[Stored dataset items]
################

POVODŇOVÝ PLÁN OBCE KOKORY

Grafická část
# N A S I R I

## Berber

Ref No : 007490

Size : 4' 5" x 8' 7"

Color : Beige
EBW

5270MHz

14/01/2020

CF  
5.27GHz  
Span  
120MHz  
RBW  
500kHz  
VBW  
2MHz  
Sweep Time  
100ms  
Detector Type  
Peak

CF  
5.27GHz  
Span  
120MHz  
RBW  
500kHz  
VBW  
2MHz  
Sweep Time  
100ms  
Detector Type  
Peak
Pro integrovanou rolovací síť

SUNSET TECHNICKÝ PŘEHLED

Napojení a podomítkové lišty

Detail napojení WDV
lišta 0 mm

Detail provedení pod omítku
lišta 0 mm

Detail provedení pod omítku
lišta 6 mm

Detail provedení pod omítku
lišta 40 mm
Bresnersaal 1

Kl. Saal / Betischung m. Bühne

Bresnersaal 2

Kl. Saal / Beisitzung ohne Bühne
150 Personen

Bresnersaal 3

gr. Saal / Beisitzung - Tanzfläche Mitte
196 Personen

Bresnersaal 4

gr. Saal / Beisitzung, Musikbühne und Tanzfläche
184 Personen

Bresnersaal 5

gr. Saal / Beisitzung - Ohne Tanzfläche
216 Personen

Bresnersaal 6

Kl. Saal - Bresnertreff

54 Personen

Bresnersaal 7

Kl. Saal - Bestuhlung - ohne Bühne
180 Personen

################

• TASK ITEM: Only the lines from the one with "Ref No : 007490" through the end of the data belong in the answer, each reproduced exactly.

• EXERCISE ANSWER:
Ref No : 007490

Size : 4' 5" x 8' 7"

Color : Beige
EBW

5270MHz

14/01/2020

CF  
5.27GHz  
Span  
120MHz  
RBW  
500kHz  
VBW  
2MHz  
Sweep Time  
100ms  
Detector Type  
Peak

CF  
5.27GHz  
Span  
120MHz  
RBW  
500kHz  
VBW  
2MHz  
Sweep Time  
100ms  
Detector Type  
Peak
Pro integrovanou rolovací síť

SUNSET TECHNICKÝ PŘEHLED

Napojení a podomítkové lišty

Detail napojení WDV
lišta 0 mm

Detail provedení pod omítku
lišta 0 mm

Detail provedení pod omítku
lišta 6 mm

Detail provedení pod omítku
lišta 40 mm
Bresnersaal 1

Kl. Saal / Betischung m. Bühne

Bresnersaal 2

Kl. Saal / Beisitzung ohne Bühne
150 Personen

Bresnersaal 3

gr. Saal / Beisitzung - Tanzfläche Mitte
196 Personen

Bresnersaal 4

gr. Saal / Beisitzung, Musikbühne und Tanzfläche
184 Personen

Bresnersaal 5

gr. Saal / Beisitzung - Ohne Tanzfläche
216 Personen

Bresnersaal 6

Kl. Saal - Bresnertreff

54 Personen

Bresnersaal 7

Kl. Saal - Bestuhlung - ohne Bühne
180 Personen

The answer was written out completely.